WORK INSTRUCTIONS> Report all lines below with the word "PLAIN".

= Beginning of Section =

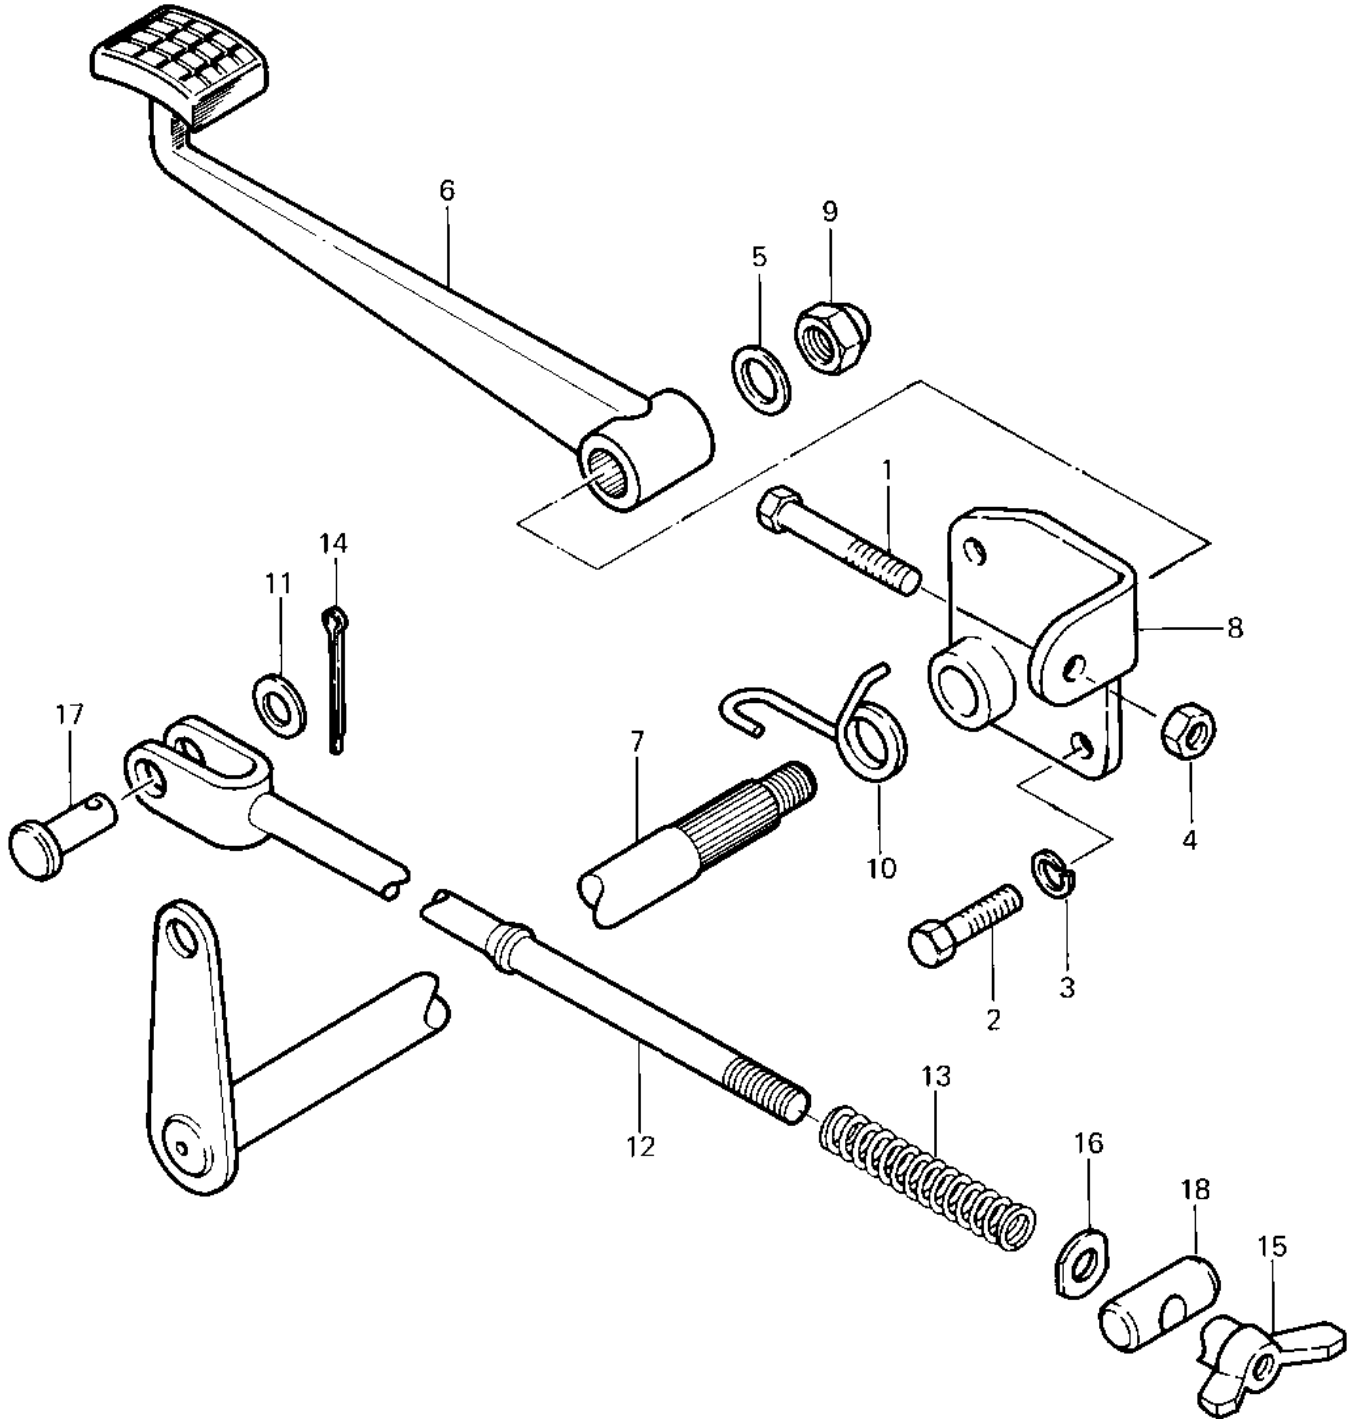

## 1983 Prairie PARTS DIAGRAM

BRAKE PEDAL ('83 C1)

## 1983 Prairie PARTS LIST

BRAKE PEDAL ('83 C1)

ITEM NAME	PART NUMBER	QUANTITY
BOLT-UPSET (Ref # 1)	112G0625	1
BOLT-UPSET 6X14 (Ref # 2)	112B0614	1
WASHER SPRING 6MM (Ref # 3)	461F0600	1
NUT 6MM (Ref # 4)	311B0600	1
WASHER PLAIN 10MM (Ref # 5)	411B1000	1
LEVER-BRAKE,PEDAL (Ref # 6)	43001-4009	1
HOLDER-BRAKE (Ref # 7)	43034-4001	2
NUT SHOCK ABSORBER (Ref # 9)	92020-003	1
SPRING,BRAKE PEDAL (Ref # 10)	92081-1337	1
WASHER PLAIN 6MM (Ref # 11)	410B0600	1
ROD-BRAKE (Ref # 12)	43011-4005	1
SPRING,BRAKE ROD (Ref # 13)	43012-001	1
PIN COTTER 2.0X15 (Ref # 14)	550D2015	1
NUT,WING,6M/M (Ref # 15)	92015-4004	1
WASHER, BRAKE ROD (Ref # 16)	92022-4003	1
PIN-BRAKE ROD FITTING (Ref # 17)	92043-064	1
PIN-BRAKE ROD (Ref # 18)	92043-065	1

= End of Section =

ANSWER TO THIS TASK>
WASHER PLAIN 10MM (Ref # 5)	411B1000	1
WASHER PLAIN 6MM (Ref # 11)	410B0600	1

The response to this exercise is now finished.